| EXTRACTED RECORDS |
....................

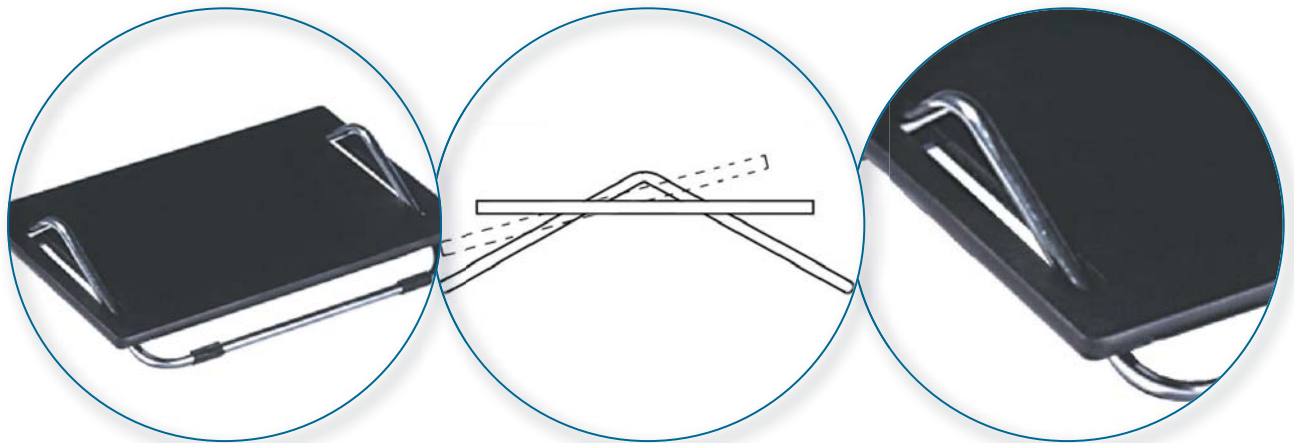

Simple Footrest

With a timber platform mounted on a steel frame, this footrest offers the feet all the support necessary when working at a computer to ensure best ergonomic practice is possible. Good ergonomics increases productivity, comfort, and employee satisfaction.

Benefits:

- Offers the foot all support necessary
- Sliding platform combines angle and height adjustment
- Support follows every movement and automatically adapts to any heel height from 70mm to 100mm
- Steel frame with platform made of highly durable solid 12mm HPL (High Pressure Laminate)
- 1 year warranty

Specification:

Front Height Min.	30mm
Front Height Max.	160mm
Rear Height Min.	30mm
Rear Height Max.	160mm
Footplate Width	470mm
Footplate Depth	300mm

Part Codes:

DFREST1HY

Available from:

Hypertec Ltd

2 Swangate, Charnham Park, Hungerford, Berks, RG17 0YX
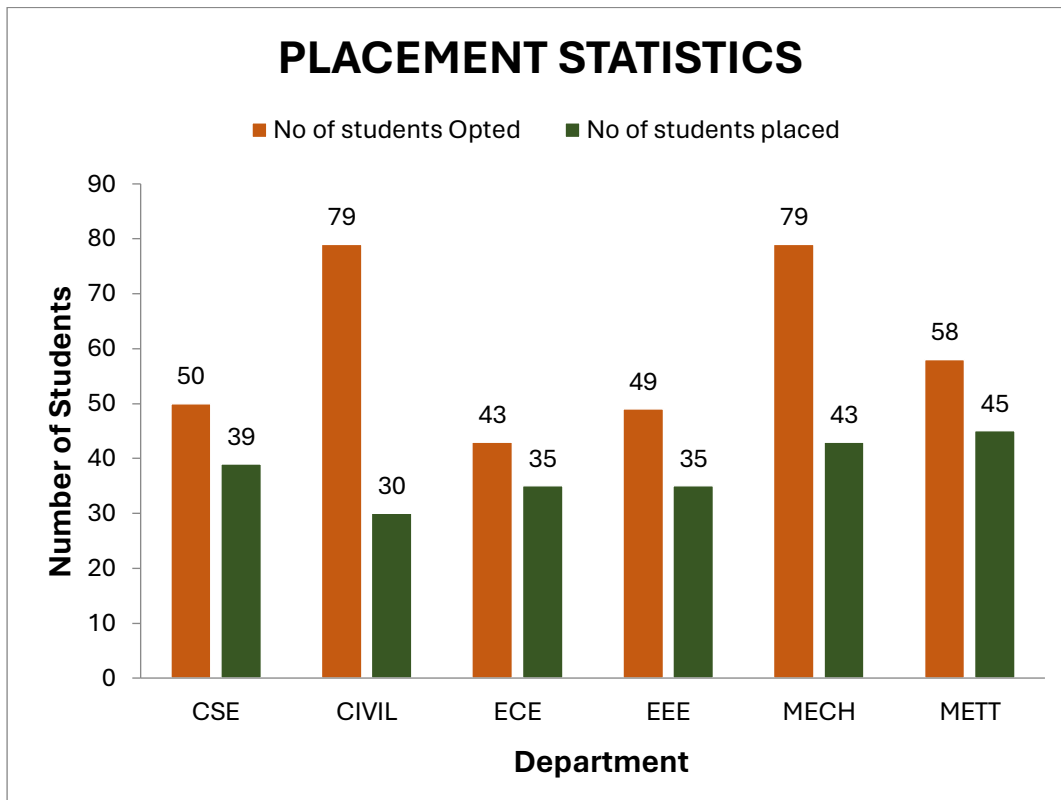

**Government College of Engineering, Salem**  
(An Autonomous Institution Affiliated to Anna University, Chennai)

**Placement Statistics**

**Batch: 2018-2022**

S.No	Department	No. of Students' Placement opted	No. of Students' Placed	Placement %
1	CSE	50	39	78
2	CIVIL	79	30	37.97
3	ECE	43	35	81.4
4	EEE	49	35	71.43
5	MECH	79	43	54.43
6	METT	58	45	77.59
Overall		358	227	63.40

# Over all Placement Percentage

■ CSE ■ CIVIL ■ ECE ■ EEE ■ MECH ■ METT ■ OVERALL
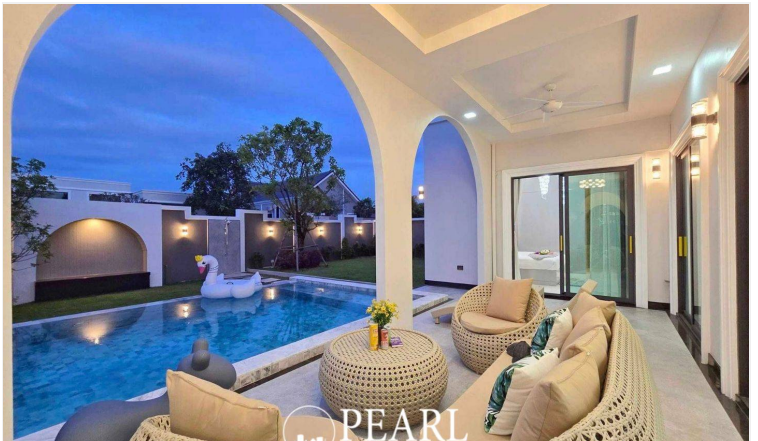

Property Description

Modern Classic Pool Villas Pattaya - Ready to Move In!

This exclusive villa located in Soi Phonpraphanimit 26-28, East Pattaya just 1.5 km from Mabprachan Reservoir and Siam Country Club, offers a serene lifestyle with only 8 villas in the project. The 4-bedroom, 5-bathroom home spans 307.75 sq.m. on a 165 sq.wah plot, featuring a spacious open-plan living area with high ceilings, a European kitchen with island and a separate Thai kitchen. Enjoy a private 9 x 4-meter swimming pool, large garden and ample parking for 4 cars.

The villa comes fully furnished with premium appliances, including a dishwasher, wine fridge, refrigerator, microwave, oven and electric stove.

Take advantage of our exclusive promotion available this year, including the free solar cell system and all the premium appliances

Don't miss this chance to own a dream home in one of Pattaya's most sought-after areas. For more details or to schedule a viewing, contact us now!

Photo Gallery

....................

| EXERCISE GOAL |
Only the lines that lie between the start of the listing and the line containing "This exclusive villa", both included, belong in the answer; write them out exactly and omit pictures.

| RESPONSE AREA |
Simple Footrest

With a timber platform mounted on a steel frame, this footrest offers the feet all the support necessary when working at a computer to ensure best ergonomic practice is possible. Good ergonomics increases productivity, comfort, and employee satisfaction.

Benefits:

- Offers the foot all support necessary
- Sliding platform combines angle and height adjustment
- Support follows every movement and automatically adapts to any heel height from 70mm to 100mm
- Steel frame with platform made of highly durable solid 12mm HPL (High Pressure Laminate)
- 1 year warranty

Specification:

Front Height Min.	30mm
Front Height Max.	160mm
Rear Height Min.	30mm
Rear Height Max.	160mm
Footplate Width	470mm
Footplate Depth	300mm

Part Codes:

DFREST1HY

Available from:

Hypertec Ltd

2 Swangate, Charnham Park, Hungerford, Berks, RG17 0YX

**Government College of Engineering, Salem**  
(An Autonomous Institution Affiliated to Anna University, Chennai)

**Placement Statistics**

**Batch: 2018-2022**

S.No	Department	No. of Students' Placement opted	No. of Students' Placed	Placement %
1	CSE	50	39	78
2	CIVIL	79	30	37.97
3	ECE	43	35	81.4
4	EEE	49	35	71.43
5	MECH	79	43	54.43
6	METT	58	45	77.59
Overall		358	227	63.40

# Over all Placement Percentage

■ CSE ■ CIVIL ■ ECE ■ EEE ■ MECH ■ METT ■ OVERALL

Property Description

Modern Classic Pool Villas Pattaya - Ready to Move In!

This exclusive villa located in Soi Phonpraphanimit 26-28, East Pattaya just 1.5 km from Mabprachan Reservoir and Siam Country Club, offers a serene lifestyle with only 8 villas in the project. The 4-bedroom, 5-bathroom home spans 307.75 sq.m. on a 165 sq.wah plot, featuring a spacious open-plan living area with high ceilings, a European kitchen with island and a separate Thai kitchen. Enjoy a private 9 x 4-meter swimming pool, large garden and ample parking for 4 cars.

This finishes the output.